(Source information Opens)

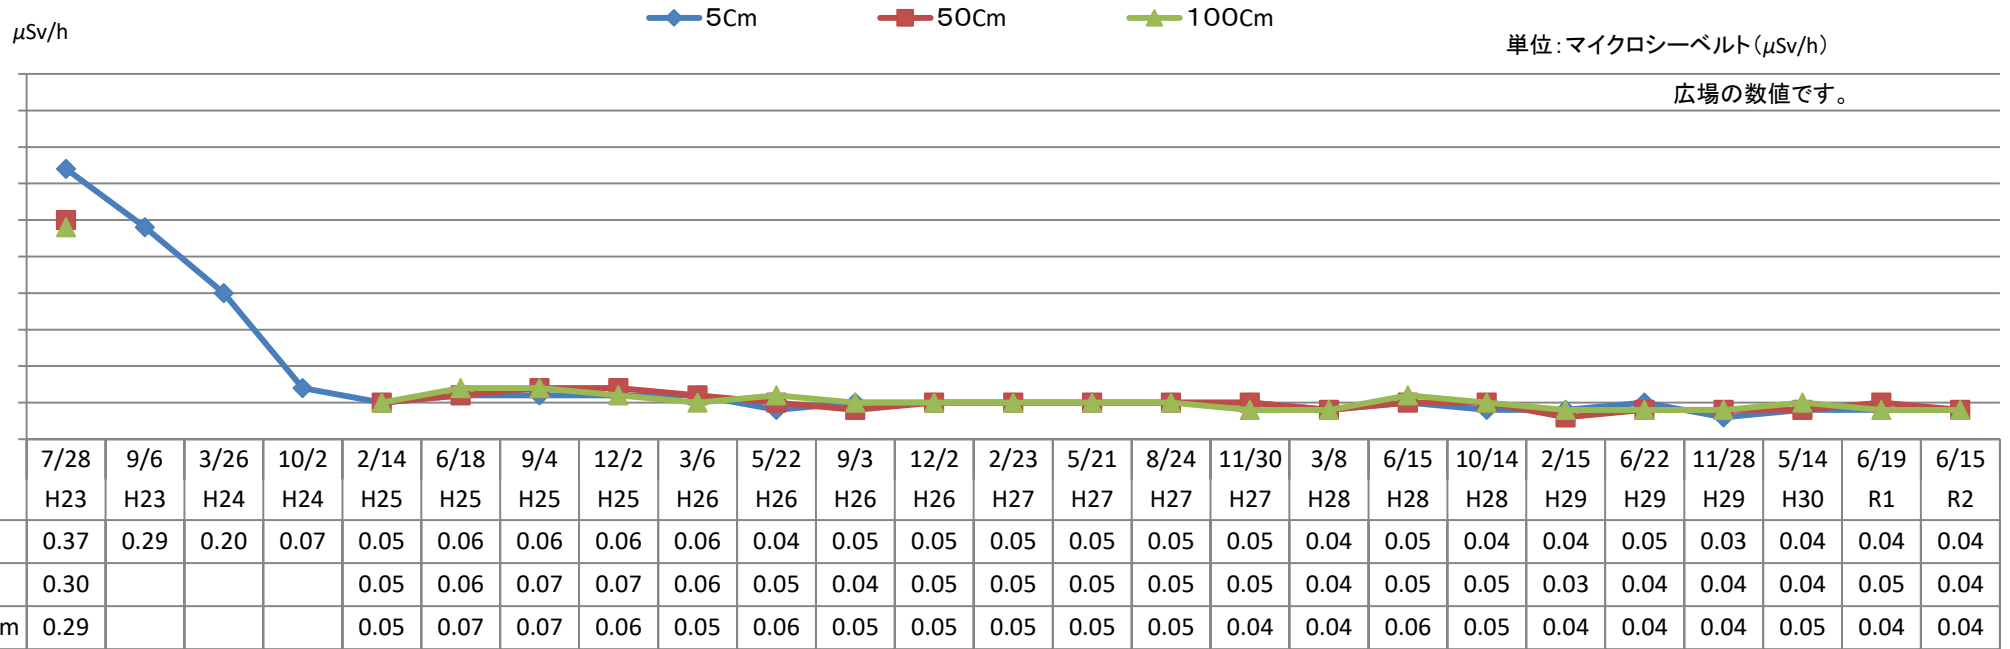

松ヶ丘公園 モニタリング推移表

地上からの高さ

測定日
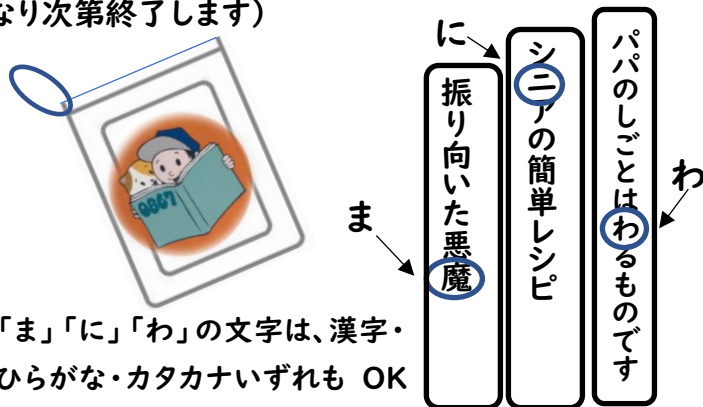

10月は北房コスモスまつり、北房文化交流祭、中津井カラクリまつり、その他にも各地のお祭りが賑やかに開催されました。

準備等に関わられた方はお疲れさまでした。そのお陰で(?)図書館は大変静かな日々。毎日来館者数を集計するのが辛かったです…。

11月には皆さん忙しさもひと段落して、読書に気持ちが向いてくれるはず!

お待ちしております。

真庭市立図書館全館イベント

まにわーどパズル

11月3日(木)～

今年の秋の読書週間イベントは「まにわーどパズル」です。

本の背表紙に「ま」「に」「わ」を含む本3冊を借りたらOK。景品は0867ブランドコラボのステッカー入りカードケースをプレゼント!!(景品は先着順で、無くなり次第終了します)

「ま」「に」「わ」の文字は、漢字・ひらがな・カタカナいずれもOKで、漢字は一文字で「ま」「に」「わ」と読めればOKです。

おもしろ! 算数教室 123

「算数は苦手」と思い込んでいませんか? 身近な題材を使って、算数をもっとおもしろく、楽しんでみましょう!(毎月第2土曜日開催)
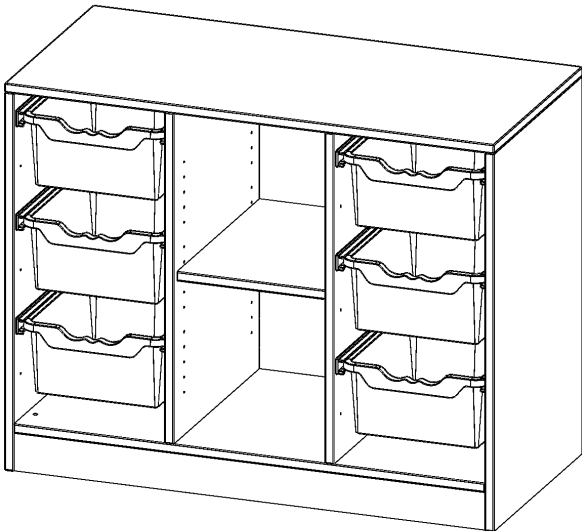

E10552GRG

PRODUKTDATENBLATT
WWW.MOEBELWERK-NIESKY.DE

ERGOTRAY REGAL, DREIREIHIG, 2 ORDNERHÖHEN - EVO180 SERIE

B/H/T: 104,5X82X50 CM, MIT SOCKEL (81 MM), RECHTS UND LINKS JE 3 HOHE ERGOTRAY BOXEN, 2 FÄCHER IN DER MITTE

PRODUKTBESCHREIBUNG

Die evo180 Regale und Schränke in verschiedenen Höhen und Breiten sind ein Kernstück unseres evo180 Schrankwandprogrammes. Die Rückwand ist als Sichtrückwand ausgeführt, dementsprechend eignen sich alle evo180 Einzelregale oder Regalwände auch als Raumteiler. Der Sockel hat eine Höhe von 81 mm und ist an der Unterseite mit bodenschonenden Kunststoffgleitern ausgestattet.

Die Einlegeböden sind im Raster von 32 mm verstellbar. Unsere hochwertigen Bodenträger verfügen über einen "Ausziehstop", so wird verhindert, dass Böden mit Inhalt darauf aus dem Regal oder Schrank rutschen können.

Konfigurieren Sie Ihr Wunsch Regal indem Sie bei den angebotenen Varianten Ihre Auswahl treffen.

Die praktischen ErgoTray Boxen sind in 2 Höhen verfügbar - es gibt hohe und flache Boxen. Wir bieten im Rahmen der evo180 Serie viele Regale und Schränke mit ErgoTray Boxen an. Dass alles zusammen passt, finden Sie auch Schränke und Regale ohne Boxen, aber in den dazu passenden Breiten. Die Sideboards bis 3,5 Ordnerhöhen sind alle wahlweise mit Sockel, fahrbar oder mit stabilen Metallmöbelstellfüßen erhältlich. Die fahrbaren Sideboards verfügen über 4 Rollen, davon sind 2 feststellbar. Die ErgoTray Boxen sind in verschiedenen Farben erhältlich.
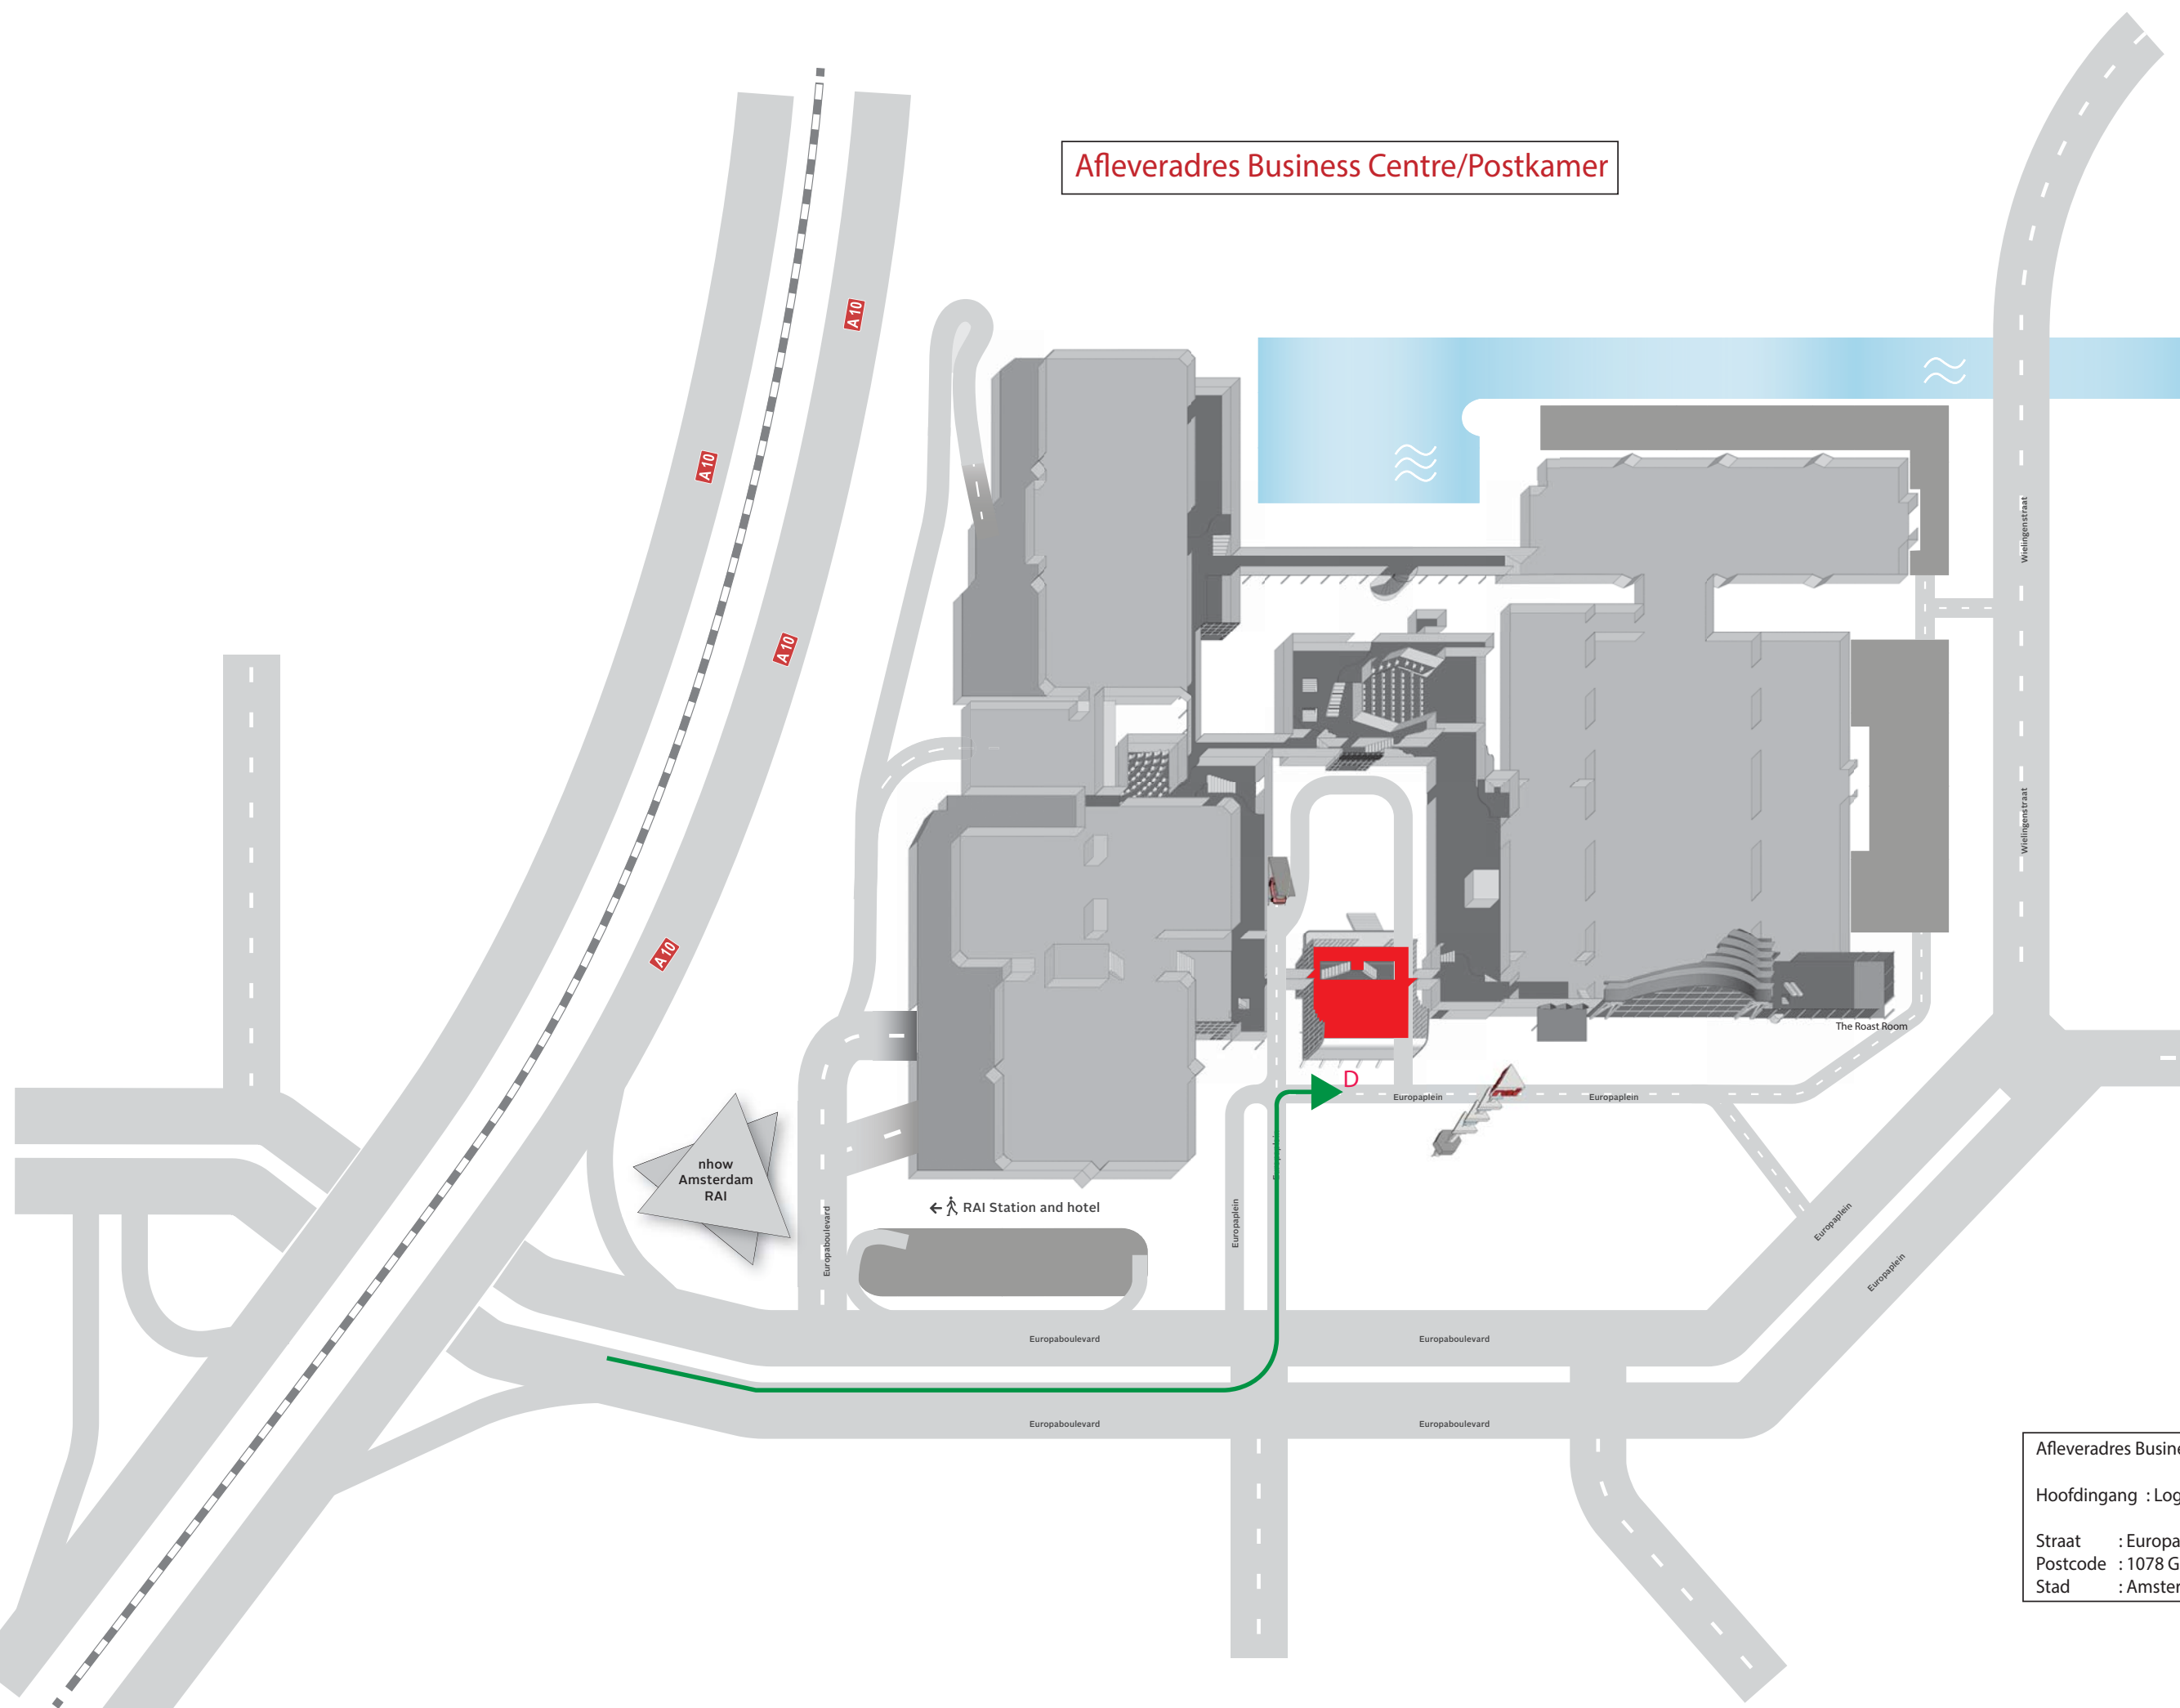

Afleveradres Business Centre/Postkamer

Afleveradres Business Centre / Postkamer  
Hoofdingang : Loge P7  
Straat : Europaboulevard 24  
Postcode : 1078 GZ  
Stad : Amsterdam
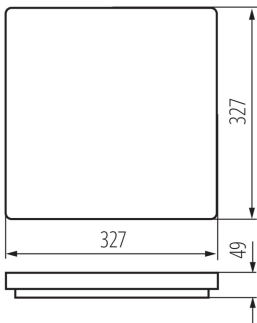

Kanlux

26447 VARSO LED 24W-NW-L

Світлодіодний світильник

5905339264473

Kanlux VARSO LED — це родина герметичних стельових світильників зі вбудованим світлодіодним джерелом світла. Це чудова пропозиція як для великих інвестиційних проектів (житлові кооперативи, готелі), так і для приватних домогосподарств, де вимагається підвищена стійкість до впливу вологи (IP54).

ЗАГАЛЬНІ ДАНІ:

Колір: білий

Місце монтажу: для установки на стелі

Місце використання: всередині і зовні

Мінімальна відстань від освітленого об'єкта: 0,5m

Можливість співпраці з притемнювачем: ні

Замінні джерела світла: ні

Довжина (мм): 327

Ширина (мм): 327

Висота (мм): 49

Інтегроване люмінесцентне джерело світла: так

ТЕХНІЧНІ ХАРАКТЕРИСТИКИ:

Номинальна напруга (В): 220-240 AC

Номинальна частота (Гц): 50/60

Потужність максимальна (Вт): 24

Клас захисту від ураження електричним струмом: II

Матеріал плафону: пластмаса

Тип діода: LED SMD

Світловий потік (лм): 2280

Колір лампи: біла

Колірна температура (К): 4000

Рівномірність кольорів (SDCM): ≤6

Коефіцієнт передачі кольорів Ra: ≥80

Тривалість роботи (год): 20000

Кількість циклів ввімкнута/вимкнута: ≥20000

Кут освітлення (°): 120

Світлова ефективність лампи (лм/Вт): 95

Діапазон температури оточення, впливу якої може піддаватися продукт (°C): -20÷35

Матеріал корпусу: пластмаса

Тип з'єднання: клемник самозатискний

Діапазон перетинів застосовуваних кабелів [мм²]: 0,5-2,5

Світильник включає вбудовані світлодіодні лампи з енергетичними класами: A++,A+,A

Тривалість нагріву лампи (с): ≤1

Тривалість запалювання лампи (с): ≤0,5

(Source information Closes)

Excluding any pictures, print exactly the lines of the listing above from the line with "Straat : Europaboulevard 24" to the line with "Матеріал корпусу: пластмаса", both ends included.

Straat : Europaboulevard 24  
Postcode : 1078 GZ  
Stad : Amsterdam

Kanlux

26447 VARSO LED 24W-NW-L

Світлодіодний світильник

5905339264473

Kanlux VARSO LED — це родина герметичних стельових світильників зі вбудованим світлодіодним джерелом світла. Це чудова пропозиція як для великих інвестиційних проектів (житлові кооперативи, готелі), так і для приватних домогосподарств, де вимагається підвищена стійкість до впливу вологи (IP54).

ЗАГАЛЬНІ ДАНІ:

Колір: білий

Місце монтажу: для установки на стелі

Місце використання: всередині і зовні

Мінімальна відстань від освітленого об'єкта: 0,5m

Можливість співпраці з притемнювачем: ні

Замінні джерела світла: ні

Довжина (мм): 327

Ширина (мм): 327

Висота (мм): 49

Інтегроване люмінесцентне джерело світла: так

ТЕХНІЧНІ ХАРАКТЕРИСТИКИ:

Номинальна напруга (В): 220-240 AC

Номинальна частота (Гц): 50/60

Потужність максимальна (Вт): 24

Клас захисту від ураження електричним струмом: II

Матеріал плафону: пластмаса

Тип діода: LED SMD

Світловий потік (лм): 2280

Колір лампи: біла

Колірна температура (К): 4000

Рівномірність кольорів (SDCM): ≤6

Коефіцієнт передачі кольорів Ra: ≥80

Тривалість роботи (год): 20000

Кількість циклів ввімкнута/вимкнута: ≥20000

Кут освітлення (°): 120

Світлова ефективність лампи (лм/Вт): 95

Діапазон температури оточення, впливу якої може піддаватися продукт (°C): -20÷35

Матеріал корпусу: пластмаса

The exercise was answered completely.